Significantly, before answering any question, the jury sent a question to Supreme Court as follows:  “If the jury rules yes on question number one and no on question number two, are we allowed to give a percentage of damages to the plaintiff, or are we obligated to proceed to question number three?   If we are not allowed to go to question number three, do deliberations end?”   After further instructions, the jury then answered question number one yes and question number two no and returned to the courtroom.

 Despite the fact that the jury did not reach the issue of apportionment, on this record we conclude that the error was not harmless because there is a view of the evidence under which plaintiff could have prevailed (see, Marine Midland Bank v. Russo Produce Co., 50 N.Y.2d 31, 43, 427 N.Y.S.2d 961, 405 N.E.2d 205;  Bjelicic v. Lynned Realty Corp., 152 A.D.2d 151, 154, 546 N.Y.S.2d 1020, appeal dismissed 75 N.Y.2d 947, 555 N.Y.S.2d 693, 554 N.E.2d 1281).   In addition, Supreme Court's charge failed to incorporate adequately the factual contentions of the parties in discussing the legal principles charged (see, Green v.

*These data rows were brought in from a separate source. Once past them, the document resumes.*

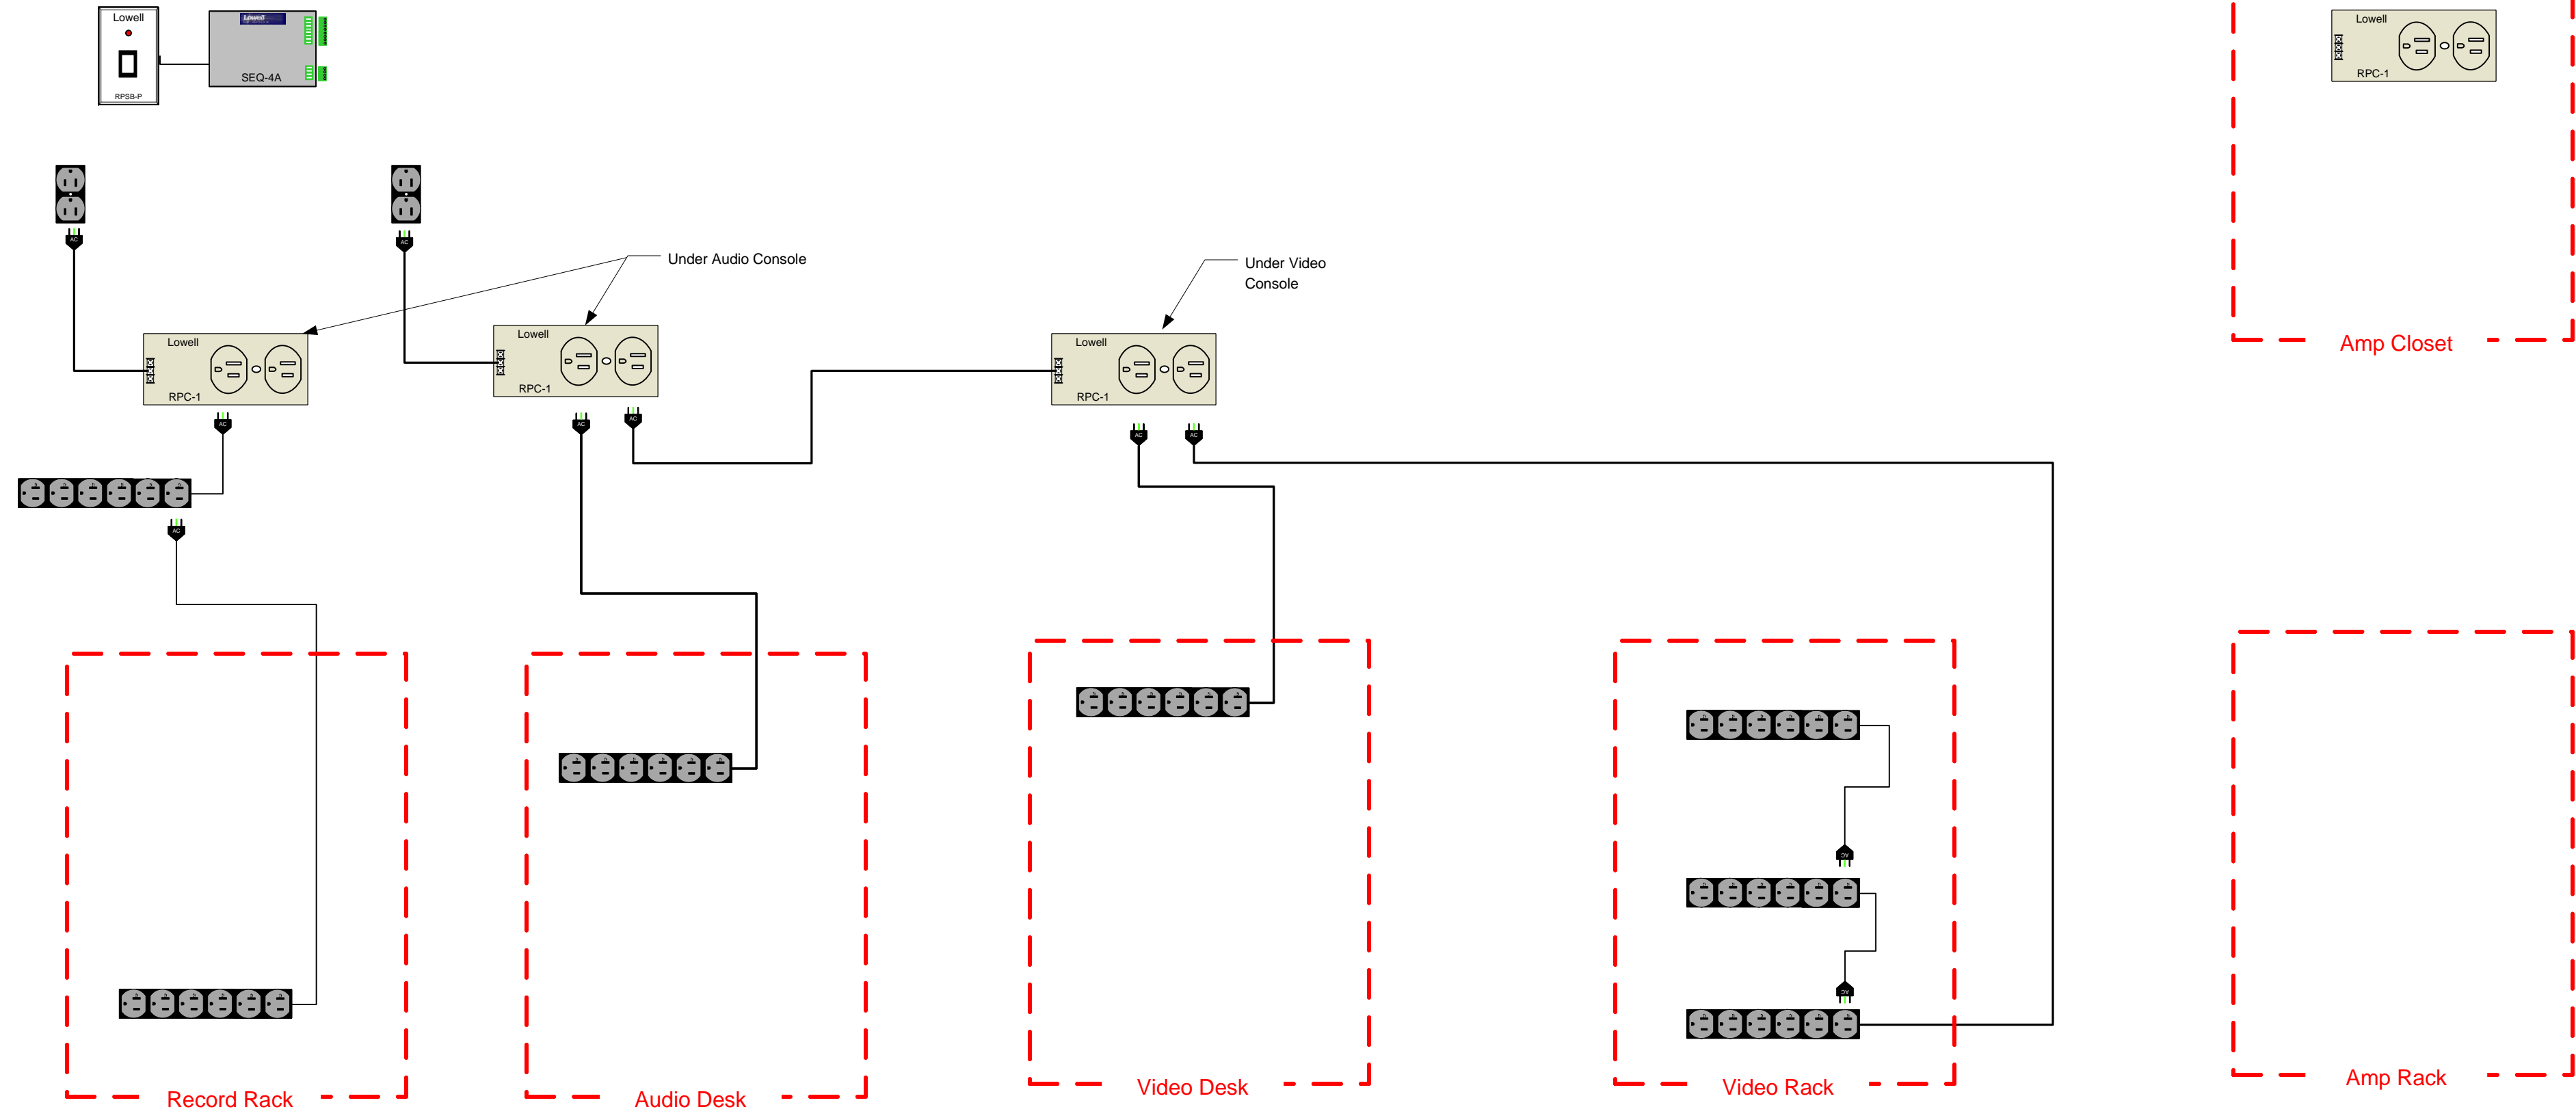

SOUND CONCEPTS LLC

1233 Castle Dr. Suite A5 Mason, Oh 45040
513-703-0147
customerservice@soundconceptsllc.com
www.soundconceptsllc.com

Wire Color Legend

AC	AC Line
B	Audio, Balanced
U	Audio, Unbalanced
V	Composite
SV	S-Video
S	Speaker
D	Data
E	Ground Circuit
VG	RGBHV
RG	RGB
C	Co-Ax
DC	DC Power
CO	Serial
CN	Cresnet
US	USB
DM	Digital Media
DM	Digital Media
F	Fiber
H	HDMI - DVI
A	As Marked

Proprietary & Confidential
Property of Sound Concepts LLC
Copyright 2017

CUSTOMER
Greater New Hope Missionary Baptist Church

PROJECT
Master Drawing As Built

Proj # 50514   Dwg # 50514-M-S

DATE 12-20-17   Revision 4

DRAWN BY J Murphy   PAGE 4 OF 6
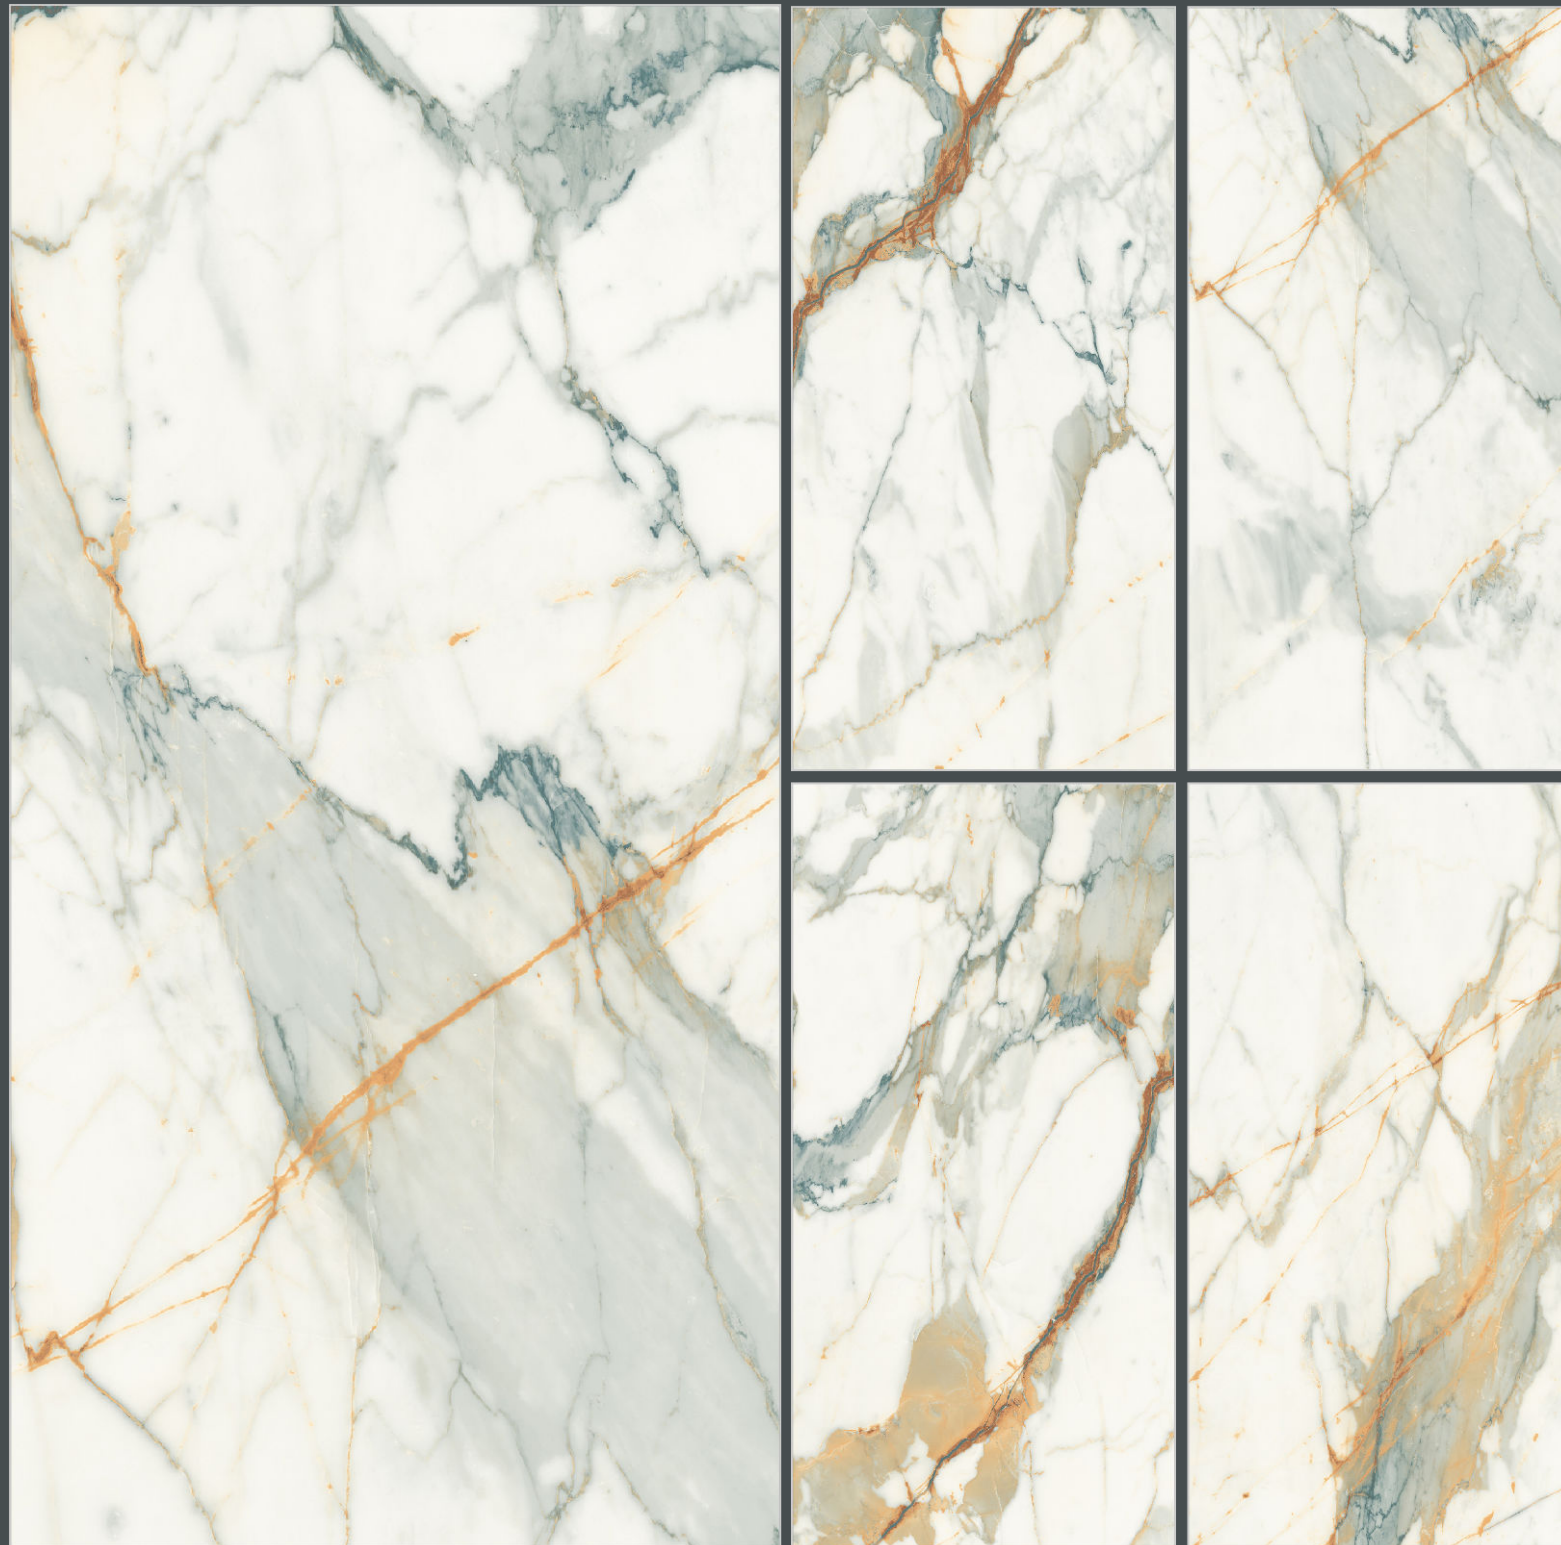

Thickness

8.5MM

Random

3

← BACK

STATUARIO
Collection

LUXURY GOLD

Size
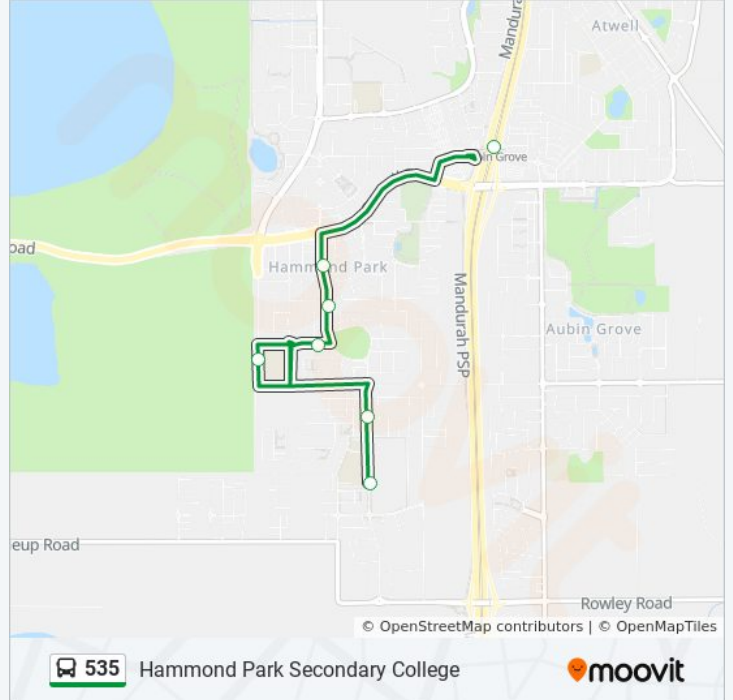

535 bus time schedules and route maps are available in an offline PDF at moovitapp.com. Use the [Moovit App](#) to see live bus times, train schedule or subway schedule, and step-by-step directions for all public transit in Perth.

[About Moovit](#) • [MaaS Solutions](#) • [Supported Countries](#) • [Mooviter Community](#)

© 2024 Moovit - All Rights Reserved

Check Live Arrival Times
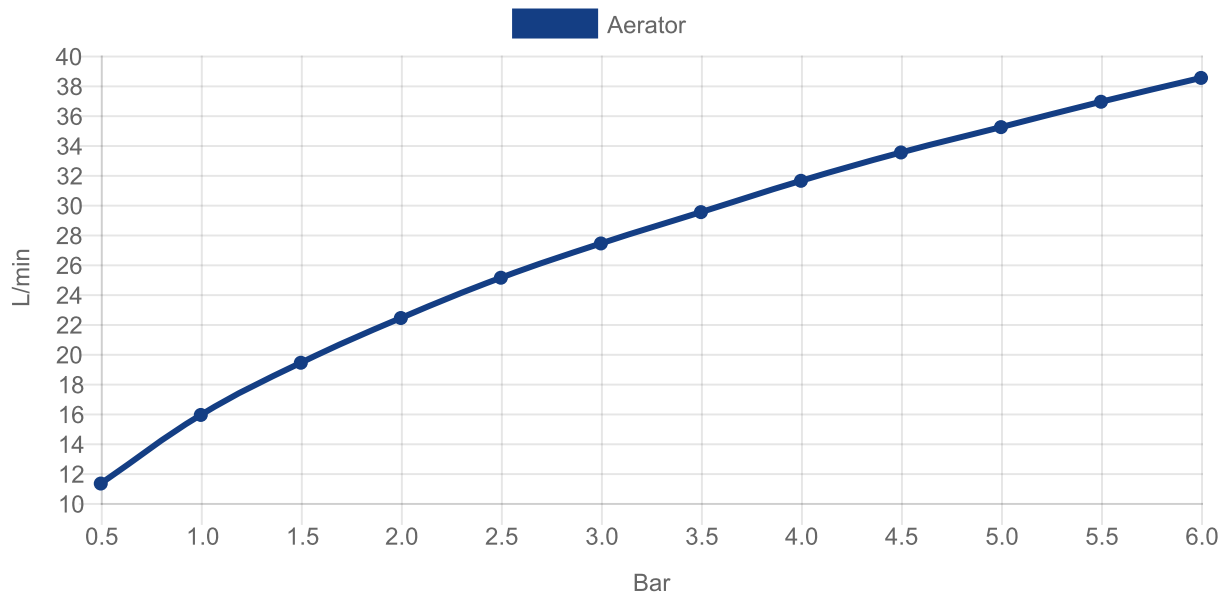

TAPS & FITTINGS SUBWAY 3.0

PRODUCT INFORMATION

1. POSITION

Article number	TVT11200100061
Article title	Villeroy & Boch Subway 3.0 Bath spout for wall-mounted, Chrome
Product designation	Bath spout
Collection	Subway 3.0
Assembly / Assembly type	wall-mounted
Scope of delivery	1 x tap fitting , 1 x aerator key 1 x fastening 1 x installation instructions
Length in mm	216
Width in mm	75
Height in mm	75
Weight in kg	0,90
Material	Brass
Surface	glossy
Colour name	Chrome
EAN number	4062373800515
Air plus	An aerator enriches the water with air for a particularly soft, water-saving jet
Easy clean	Longer service life: optimum limescale removal by simply rubbing nozzles and aerators clean
Tap smartpressure	Constant water flow rate for washbasin mixers regardless of pressure fluctuations in the piping system
Length of spout in mm	194
Material	Brass
Volume	1,625
Angle jet regulator	4
Swivel aerator	Yes
Thermostat	No
Cool Tap	No
Spray types	Comfort jet

COLOUR

COLOUR DESIGNATION

Chrome

TECHNICAL DRAWINGS

TVT11200100061

CHARACTERISTICS

An aerator enriches the water with air for a particularly soft, water-saving jet

Longer service life: optimum limescale removal by simply rubbing nozzles and aerators clean

Constant water flow rate for washbasin mixers regardless of pressure fluctuations in the piping system

FLOW CHART

EXPLOSION DRAWINGS

BILL OF MATERIALS

No.	Article No.	Description	Quantity
1	TVP00007200000	Aerator set	1
8	TVP11201100000	Fastening set	1
27	TVP11201600061	Base ring	1
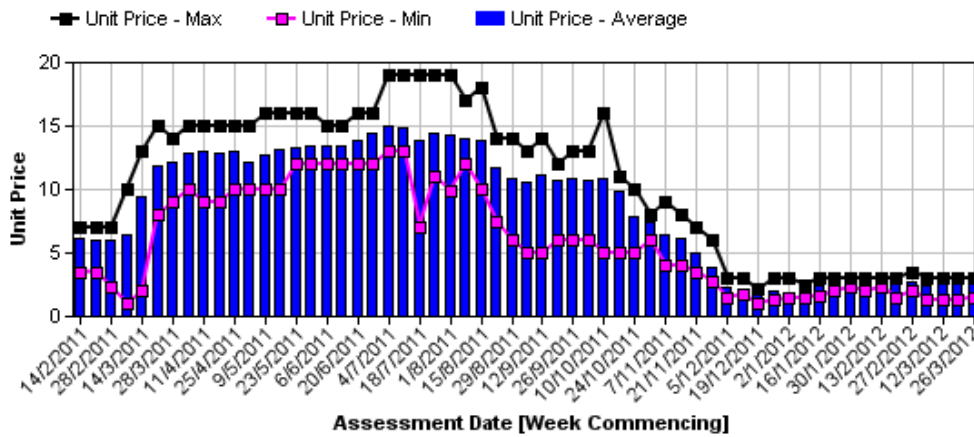

Melbourne Cavendish Retail Prices 14/02/2011 to 27/03/2012
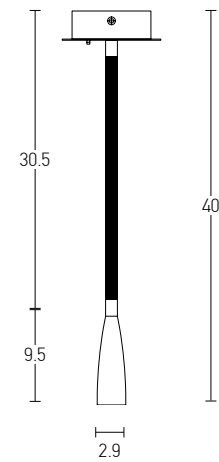

Power 3W
Input 220-240V, 50/60Hz
Color Temperature 3000K
Lumen 240Lm
Cri 80
Dimensions Ø: 8cm L: 20-26cm
Base Ø: 8cm H: 3cm
Non Dimmable ☒
Switch On/Off
Material Metal - Aluminium
Special Feature Stick Ø: 2.9cm L: 9.5cm
Color Brushed Brass / **Code H63**
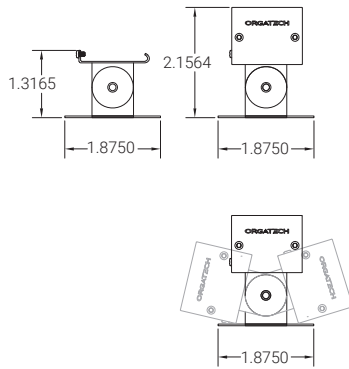

SLIDING BRACKET 1

Downs, 27 N.Y.2d 205, 208, 316 N.Y.S.2d 221, 265 N.E.2d 68).   For these reasons, we conclude there should be a new trial.

ORDERED that the order and judgment are reversed, on the law and the facts, and matter remitted to the Supreme Court for a new trial, with costs to abide the event.

MUGGLIN, J.

CARDONA, P.J., MERCURE, CREW III and LAHTINEN, JJ., concur.